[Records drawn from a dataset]
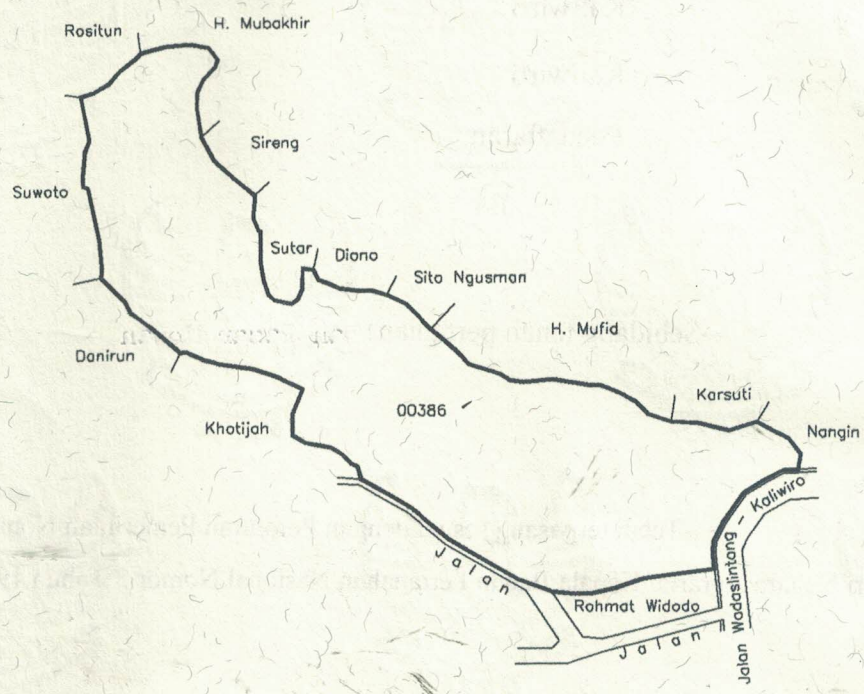

SKALA 1 : 2500

PENJELASAN : _____ **batas tanah ini**
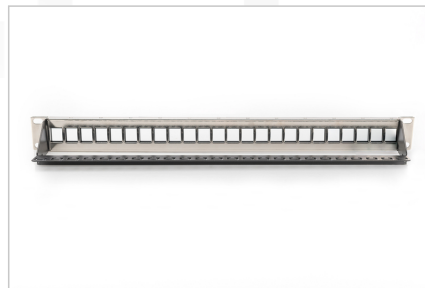

More images:

Safety notes

- Protéger le produit de l'humidité
- Éviter les charges antistatiques lors de l'installation du produit
- Respectez les consignes du fabricant de câbles bruts lors du montage.

EU responsible person

EU based economic operator ensuring the product complies with the required regulations.

ASSMANN Electronic GmbH
Auf dem Schüffel 3
Lüdenscheid, Germany
<https://www.assmann.com>
info@assmann.com
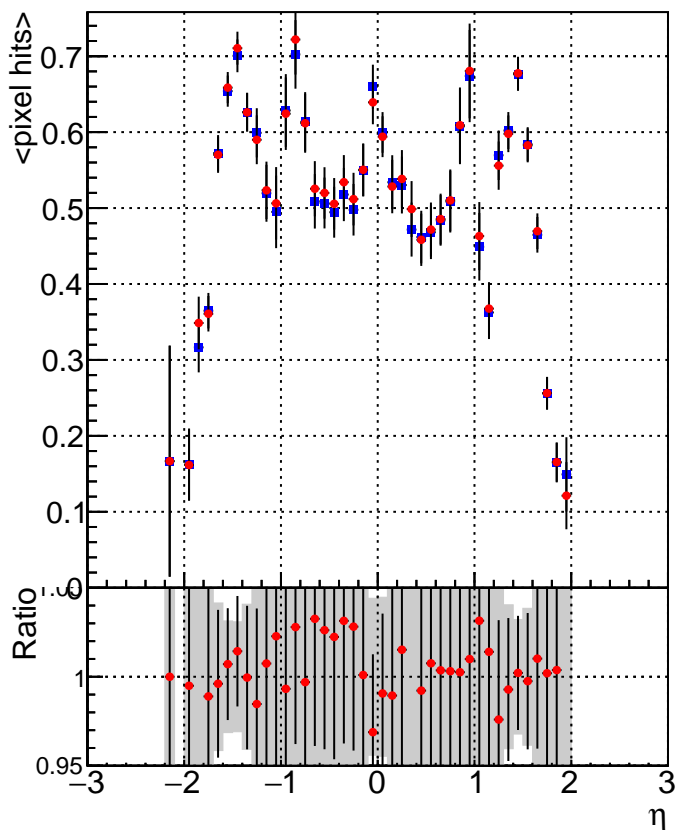

mean # PXL hits vs eta

mean # PXL Layers with measurement vs eta

mean # STRIP hits vs eta

■ DQM_CKF_XiMinusPU_base
● DQM_CKF_XiMinusPU_retrainOldFiles125_v2_prelimWPM_epoch4
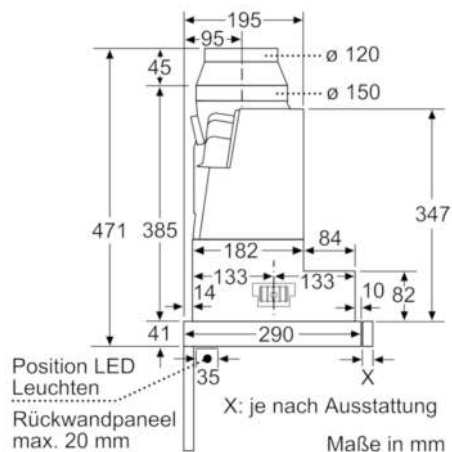

**Technische Daten**

Bauart :	Auszugsesse
Approbationszertifikate :	CE, VDE
Länge Anschlusskabel (cm) :	175
Nischenmaße (H x B x T) (mm) :	385mm x 524mm x 290mm
Mindestabstand zur Kochstelle Elektro :	430
Mindestabstand zur Kochstelle Gas :	650
Nettogewicht (kg) :	13,453
Steuerung :	elektronisch
Regelung der Leistungsstufen :	3-stufig + 2 Intensiv
Max. Gebläseleistung-Abluftbetrieb (m <sup>3</sup> /h) :	400
Gebläseleistung bei Intensivstufe-Umluftbetrieb :	480
Max. Gebläseleistung-Umluftbetrieb (m <sup>3</sup> /h) :	290
Gebläseleistung bei Intensivstufe-Abluftbetrieb (m <sup>3</sup> /h) :	700
Anzahl der Lampen (Stck) :	2
Schallleistung (dB(A) re 1 pW) :	54
Durchmesser des Abluftstutzens (mm) :	120 / 150
Material des Fettfilters :	Edelstahl waschbar
EAN-Nummer :	4242002878270
Anschlusswert (W) :	146
Absicherung (A) :	10
Spannung (V) :	220-240
Frequenz (Hz) :	60; 50
Steckerart :	Schuko-/Gardy.m.Erdung
Art der Installation :	Integrierbar

#### Technische Informationen

- Zum Einbau in einen 60 cm oder 90 cm breiten Spezial-Oberschrank
- Schnellmontagebefestigung
- Griffleiste als Sonderzubehör erhältlich
- Für Umluftbetrieb ist ein Erstaussstattungspaket oder CleanAir-Modul (Sonderzubehör) erforderlich
- Maße
- Gerätemaße (HxBxT): 426 x 898 x 290 mm
- Einbaumaße (HxBxT): 385 x 524 x 290 mm
- Abluftstutzen Ø 150 mm (Ø 120 mm beiliegend)
- Gesamtanschlusswert: 146 W

**Serie | 6 Dunstabzüge**
**DFR097T50 Edelstahl  
90 cm  
Flachschirmhaube**

Tiefenanpassung des Filterauszuges bis 29 mm möglich

Maße in mm

Maße in mm

Bei Montage der 90 cm Flachschirmhaube in einen 90 cm breiten Oberschrank ist ein Montage-Set erforderlich. Die beiden Montagewinkel werden links und rechts im Möbel verschraubt. Montage nach Schablone.

Maße in mm

Maße in mm

Maße in mm

Maße in mm

**Serie | 6 Dunstabzüge**

**DFR097T50 Edelstahl**  
**90 cm**  
**Flachschirmhaube**

---

Maße in mm

### EXERCISE REQUIREMENTS
The lines in the entries above that carry the word "hits" must be copied.

### EXERCISE ANSWER
mean # PXL hits vs eta
mean # STRIP hits vs eta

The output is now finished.